By the way, wouldn't it be possible to write a tightly polling program for the 4.77 MHz IBM PC 5150 that will work on that model but perhaps no other? Yes, people would bitch about it not being compatible with other vintage PCs but the point would be to prove how many samples you could pull from the CPU if it has nothing other to attend to. Compatibility is overrated anyhow. ;-)

I've seen it done on 3.5Mhz 8-bit computers. The cpu is used 100% during the process, but the result is impressive (for such machines). I also heard impressive 4-bit digitized music on the MSX, but it was done through the YM chip.
 
I have ideas on multi-channel sound generation that I'd like to add to MONOTONE someday; the simplest one, and it should be compatible across all platforms, is to use three registers as square-wave generators; inc each reg by the period, and take the most-significant bit as the state of the speaker. With all three going at once, the speaker will output three simultaneous square waves.

This sounds a lot like the principle behind playing digitized samples on Spectrums with the AY chip. :)

Someday I hope to figure out what Tim Follin was doing on the spectrum -- some of the multi-channel "phasor" output I have STILL not figured out 20 years later...

If you have questions about 1-bit music on the Spectrum, try talking to Mr. Beep, Gasman or Yerzmyey. All of them can be found on WOS.
 
I found it! "Polyphonic Music 1.20: Three voice music on PC":

http://ftp.arnes.si/simtel.net/msdos/music-pre.html

Also somewhere deep in my collection I have a program which shows a living room with a Christmas tree, fireplace, and grandfather clock, and plays Christmas carols through the PC speaker (single voice) while clicking the IBM PC cassette motor relay on and off to simulate the ticking of the clock! That's perhaps the most unused "sound effect" source on a PC! :)

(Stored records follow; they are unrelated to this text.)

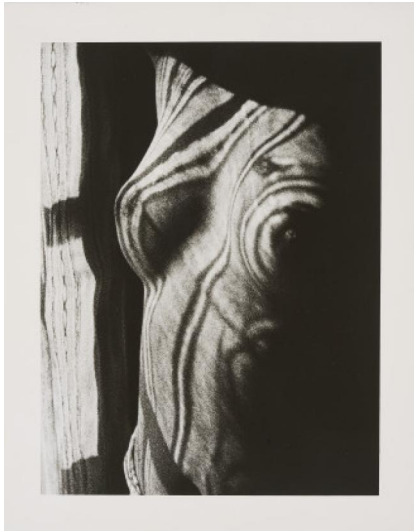

Search 94

Auction Photography | ONLINE ONLY

Date 08.12.2022, ca. 19:33

RAY, MAN
1890 Philadelphia - 1976 Paris

MAN RAY EXPERTISE COMMITTEE SAS 9 Boulevard de la Tour Maubourg PARIS 75007 mr@manrayexpertise.com
Instagram: @manray.expertise Anspr.partner: Timothy BaumTitle: Retour à la raison, 1923.

Minimally wavy due to manufacturing process. Occasional minimal traces of handling. Rubbing of the top layer on the upper edge on the left. Verso remains of an old mounting. Otherwise very good condition.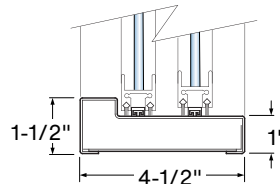

**Bottom Sill Conditions Available:**

**ALUMINUM HALF BOTTOM TRACK**  
Item No. **FSCDW1801**  
Window includes half bottom track. Provides clear service opening with no track under slider.

**ALUMINUM FULL BOTTOM TRACK**  
Item No. **FSCDW1802**  
Window includes full bottom track.

**STAINLESS STEEL SILL**  
Item No. **FSCDW1803**  
Full length stainless steel sill with 1/2" step down attached to bottom of window.

**STAINLESS STEEL SHELF**  
Item No. **FSCDW1804**  
Full length stainless steel shelf with 1/2" step down attached to bottom of window.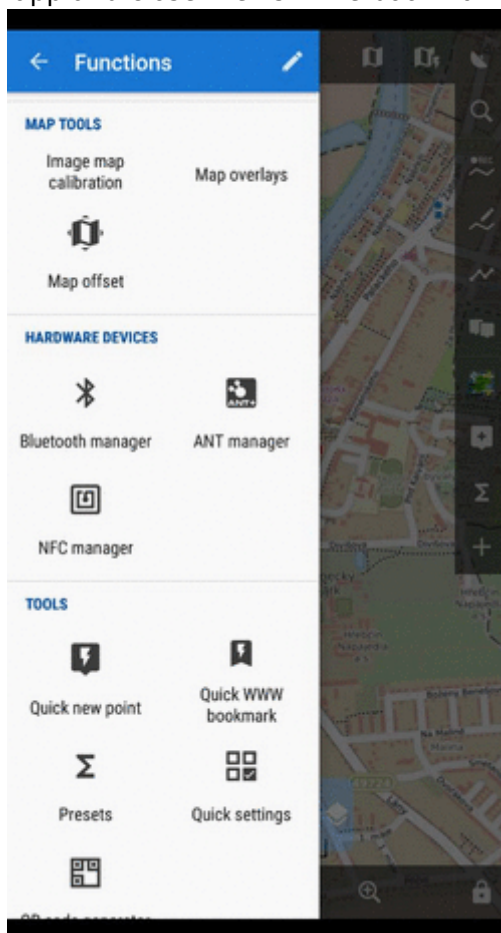

Quick bookmark

- This feature is available in Locus Map Pro only.

About

With this feature you can **transfer yourself quickly from a location in Locus Map to the same location on a map website or application**. For example for downloading tips for trips. Just tap the selected bookmark:

Pre-set bookmarks

For a quick start, there are a few pre-set bookmarks. To activate one, do following:

- go to Locus menu > More functions > Quick bookmarks
- tap  button to add a new bookmark
- select **Predefined**, a list of “favorites” emerges
- tap a bookmarked website or app and close the list. The bookmark is ready for use:

Get your own bookmark

As there are many map websites and apps and each of them uses a different structure of their parametrized URL, there is not a single universal instruction on how to set up this function. For better understanding what this function is about, we will present a **demo setup** made on a well-known track database [Bikemap.net](http://www.bikemap.net)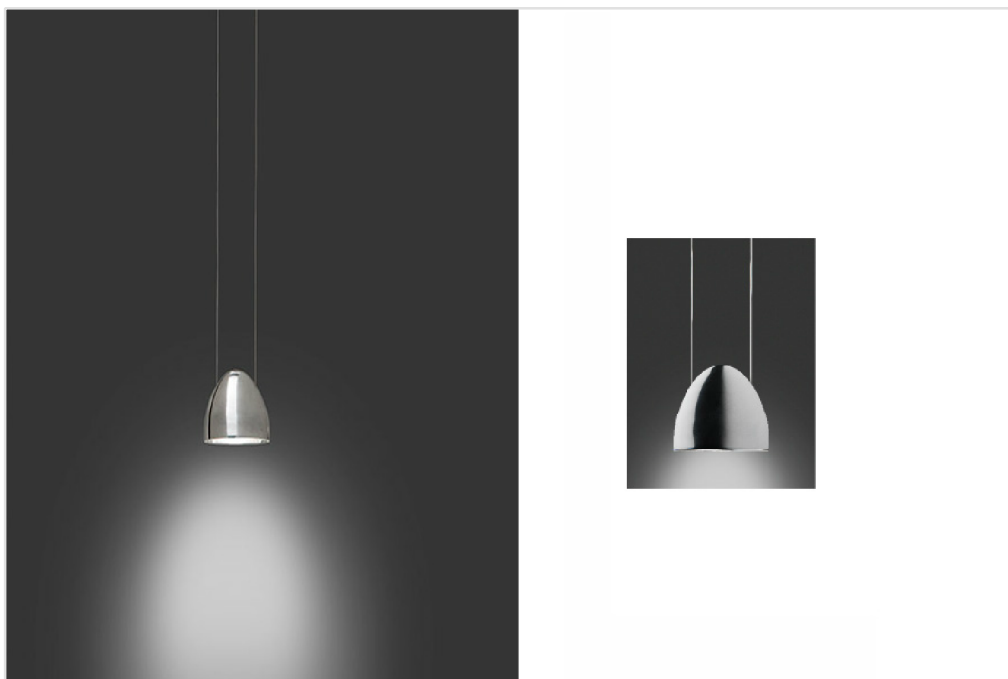

ALMALIGHT

www.almalight.com

t. +34.93.266.07.75 / +34.93.308.53.46 / m. info@almalight.com

Led Oval

Design by Cristian Cubiñá

Estructura acero inoxidable pulido espejo
Structure mirror polished stainless steel

Pantalla fundición aluminio pulido
Shade polished die cast aluminium

Lamparas incluidas y no reemplazables
Lamps included and not replaceable

5180/017 colgante individual *single pendant*

LED Citizen 3W - 8000K 250lm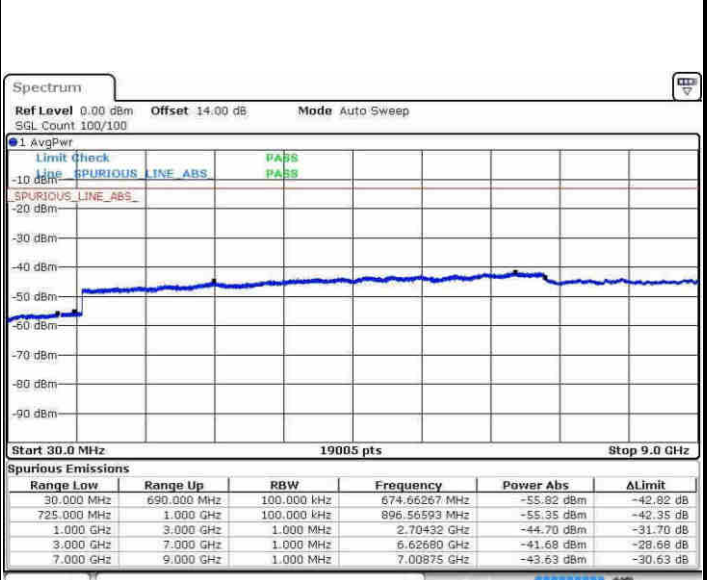

Date: 22 APR 2017 12:47:03

LTE Band 12 / 1.4MHz

Lowest Channel / QPSK

Lowest Channel / 16QAM

Date: 8.APR.2017 06:56:50

Date: 8.APR.2017 06:57:44

Middle Channel / QPSK

Middle Channel / 16QAM

Date: 8.APR.2017 06:59:21

Date: 8.APR.2017 07:00:15

LTE Band 12 / 1.4MHz

Highest Channel / QPSK

Date: 8.APR.2017 07:06:29

Highest Channel / 16QAM

Date: 8.APR.2017 07:07:23

LTE Band 12 / 3MHz

Lowest Channel / QPSK

Date: 8.APR.2017 07:13:40

Lowest Channel / 16QAM

Date: 8.APR.2017 07:14:35

LTE Band 12 / 3MHz

Middle Channel / QPSK

Middle Channel / 16QAM

Date: 8.APR.2017 07:16:13

Date: 8.APR.2017 07:17:07

Highest Channel / QPSK

Highest Channel / 16QAM

Date: 8.APR.2017 07:23:21

Date: 8.APR.2017 07:24:15

LTE Band 12 / 5MHz

Lowest Channel / QPSK

Lowest Channel / 16QAM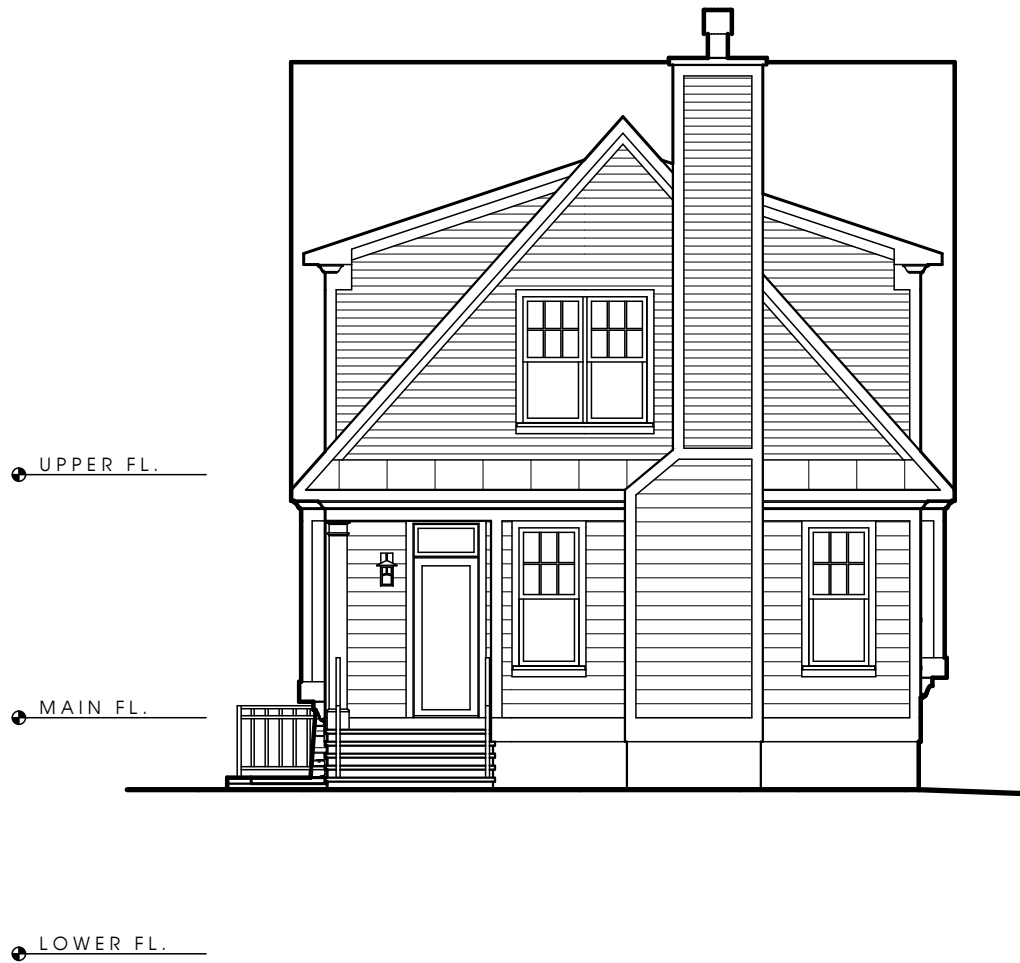

14th St. N., Arlington, Virginia

○ LOT 4B - FRONT ELEVATION
SCALE: 1/8" = 1'-0"

SUNNYSIDE DEVELOPMENT
Lots 4B and 5B
14th St. N., Arlington, Virginia

 **Thomas French**
ARCHITECT P.C.
6723 Whittier Ave Suite 402
McLean, VA 22101-4533
Tel. 703 734 0084
Fax. 703 734 1964

LOT 4B - RIGHT SIDE ELEVATION

SCALE: 1/8" = 1'-0"

SUNNYSIDE DEVELOPMENT

Lots 4B and 5B

14th St. N., Arlington, Virginia

○ LOT 4B - REAR ELEVATION
SCALE: 1/8" = 1'-0"

SUNNYSIDE DEVELOPMENT
Lots 4B and 5B
14th St. N., Arlington, Virginia

I remember early on that there were some "pianoman" polyphonic-on-a-PC bit bangers. Not in the same class as voice, but entertaining enough.

Right now, I can think of two desktops that I have hooked up that will play the sound card output through the PC internal speaker (absent an external speaker connection); a Compaq Deskpro PIII and an HP Vectra PII system. So they weren't all that uncommon.

Moving a little off-topic, I was into making music on my Altair 8800 by executing EI/DI instructions in a loop--the 8080 interrupt status is fed to a front-panel LED--just hook a capacitor to it and feed it to an amplifier. Lots of fun, even at 2MHz.